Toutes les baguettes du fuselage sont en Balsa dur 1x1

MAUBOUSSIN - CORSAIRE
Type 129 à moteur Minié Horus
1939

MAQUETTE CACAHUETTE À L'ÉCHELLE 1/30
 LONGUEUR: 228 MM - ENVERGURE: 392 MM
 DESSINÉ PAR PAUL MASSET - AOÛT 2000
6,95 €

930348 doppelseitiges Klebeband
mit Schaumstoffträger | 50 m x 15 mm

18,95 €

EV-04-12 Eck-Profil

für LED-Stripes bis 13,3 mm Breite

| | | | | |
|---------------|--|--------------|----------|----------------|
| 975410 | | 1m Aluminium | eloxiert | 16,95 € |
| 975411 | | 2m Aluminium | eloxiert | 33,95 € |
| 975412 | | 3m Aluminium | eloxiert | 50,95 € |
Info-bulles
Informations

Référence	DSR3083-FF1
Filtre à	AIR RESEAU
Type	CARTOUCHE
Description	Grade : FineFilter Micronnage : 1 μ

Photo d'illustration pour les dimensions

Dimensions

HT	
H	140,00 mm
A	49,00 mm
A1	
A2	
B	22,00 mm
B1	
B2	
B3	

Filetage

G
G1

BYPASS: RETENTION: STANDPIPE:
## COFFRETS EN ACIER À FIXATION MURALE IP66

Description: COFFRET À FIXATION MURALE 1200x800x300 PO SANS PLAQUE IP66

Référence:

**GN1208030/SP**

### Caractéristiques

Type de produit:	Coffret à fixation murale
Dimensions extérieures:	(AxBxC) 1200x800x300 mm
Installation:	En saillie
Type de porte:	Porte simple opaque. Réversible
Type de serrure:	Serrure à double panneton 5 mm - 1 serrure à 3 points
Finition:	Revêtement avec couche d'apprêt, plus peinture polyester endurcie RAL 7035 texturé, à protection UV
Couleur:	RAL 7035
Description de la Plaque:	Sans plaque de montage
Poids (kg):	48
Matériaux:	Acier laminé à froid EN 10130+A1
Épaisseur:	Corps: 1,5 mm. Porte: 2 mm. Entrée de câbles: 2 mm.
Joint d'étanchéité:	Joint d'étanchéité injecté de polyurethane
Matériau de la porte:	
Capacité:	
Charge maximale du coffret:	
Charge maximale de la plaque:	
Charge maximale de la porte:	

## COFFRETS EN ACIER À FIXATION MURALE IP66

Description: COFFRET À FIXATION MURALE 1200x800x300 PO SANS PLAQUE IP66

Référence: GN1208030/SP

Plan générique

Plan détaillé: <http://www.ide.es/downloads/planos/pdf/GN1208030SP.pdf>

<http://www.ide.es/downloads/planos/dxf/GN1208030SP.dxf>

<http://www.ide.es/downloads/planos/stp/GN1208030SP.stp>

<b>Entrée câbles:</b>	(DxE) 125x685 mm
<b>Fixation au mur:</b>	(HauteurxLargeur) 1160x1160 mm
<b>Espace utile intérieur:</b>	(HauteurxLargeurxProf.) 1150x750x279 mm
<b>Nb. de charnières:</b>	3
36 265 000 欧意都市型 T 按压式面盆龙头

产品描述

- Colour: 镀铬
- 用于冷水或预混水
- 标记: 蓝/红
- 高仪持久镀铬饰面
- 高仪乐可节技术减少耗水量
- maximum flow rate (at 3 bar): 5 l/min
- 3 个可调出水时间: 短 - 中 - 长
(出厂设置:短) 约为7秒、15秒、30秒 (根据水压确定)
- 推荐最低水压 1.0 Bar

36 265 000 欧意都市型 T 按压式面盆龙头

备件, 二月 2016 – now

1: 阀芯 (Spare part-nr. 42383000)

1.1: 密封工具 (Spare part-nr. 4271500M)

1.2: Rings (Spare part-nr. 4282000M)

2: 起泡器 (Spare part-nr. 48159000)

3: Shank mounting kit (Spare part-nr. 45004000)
============
### [EXERCISE GOAL]
Would you set down every record again, exactly as it appears above?

### [TASK RESULT]
Toutes les baguettes du fuselage sont en Balsa dur 1x1

MAUBOUSSIN - CORSAIRE
Type 129 à moteur Minié Horus
1939

MAQUETTE CACAHUETTE À L'ÉCHELLE 1/30
 LONGUEUR: 228 MM - ENVERGURE: 392 MM
 DESSINÉ PAR PAUL MASSET - AOÛT 2000
6,95 €

930348 doppelseitiges Klebeband
mit Schaumstoffträger | 50 m x 15 mm

18,95 €

EV-04-12 Eck-Profil

für LED-Stripes bis 13,3 mm Breite

| | | | | |
|---------------|--|--------------|----------|----------------|
| 975410 | | 1m Aluminium | eloxiert | 16,95 € |
| 975411 | | 2m Aluminium | eloxiert | 33,95 € |
| 975412 | | 3m Aluminium | eloxiert | 50,95 € |
Info-bulles
Informations

Référence	DSR3083-FF1
Filtre à	AIR RESEAU
Type	CARTOUCHE
Description	Grade : FineFilter Micronnage : 1 μ

Photo d'illustration pour les dimensions

Dimensions

HT	
H	140,00 mm
A	49,00 mm
A1	
A2	
B	22,00 mm
B1	
B2	
B3	

Filetage

G
G1

BYPASS: RETENTION: STANDPIPE:
## COFFRETS EN ACIER À FIXATION MURALE IP66

Description: COFFRET À FIXATION MURALE 1200x800x300 PO SANS PLAQUE IP66

Référence:

**GN1208030/SP**

### Caractéristiques

Type de produit:	Coffret à fixation murale
Dimensions extérieures:	(AxBxC) 1200x800x300 mm
Installation:	En saillie
Type de porte:	Porte simple opaque. Réversible
Type de serrure:	Serrure à double panneton 5 mm - 1 serrure à 3 points
Finition:	Revêtement avec couche d'apprêt, plus peinture polyester endurcie RAL 7035 texturé, à protection UV
Couleur:	RAL 7035
Description de la Plaque:	Sans plaque de montage
Poids (kg):	48
Matériaux:	Acier laminé à froid EN 10130+A1
Épaisseur:	Corps: 1,5 mm. Porte: 2 mm. Entrée de câbles: 2 mm.
Joint d'étanchéité:	Joint d'étanchéité injecté de polyurethane
Matériau de la porte:	
Capacité:	
Charge maximale du coffret:	
Charge maximale de la plaque:	
Charge maximale de la porte:	

## COFFRETS EN ACIER À FIXATION MURALE IP66

Description: COFFRET À FIXATION MURALE 1200x800x300 PO SANS PLAQUE IP66

Référence: GN1208030/SP

Plan générique

Plan détaillé: <http://www.ide.es/downloads/planos/pdf/GN1208030SP.pdf>

<http://www.ide.es/downloads/planos/dxf/GN1208030SP.dxf>

<http://www.ide.es/downloads/planos/stp/GN1208030SP.stp>

<b>Entrée câbles:</b>	(DxE) 125x685 mm
<b>Fixation au mur:</b>	(HauteurxLargeur) 1160x1160 mm
<b>Espace utile intérieur:</b>	(HauteurxLargeurxProf.) 1150x750x279 mm
<b>Nb. de charnières:</b>	3
36 265 000 欧意都市型 T 按压式面盆龙头

产品描述

- Colour: 镀铬
- 用于冷水或预混水
- 标记: 蓝/红
- 高仪持久镀铬饰面
- 高仪乐可节技术减少耗水量
- maximum flow rate (at 3 bar): 5 l/min
- 3 个可调出水时间: 短 - 中 - 长
(出厂设置:短) 约为7秒、15秒、30秒 (根据水压确定)
- 推荐最低水压 1.0 Bar

36 265 000 欧意都市型 T 按压式面盆龙头

备件, 二月 2016 – now

1: 阀芯 (Spare part-nr. 42383000)

1.1: 密封工具 (Spare part-nr. 4271500M)

1.2: Rings (Spare part-nr. 4282000M)

2: 起泡器 (Spare part-nr. 48159000)

3: Shank mounting kit (Spare part-nr. 45004000)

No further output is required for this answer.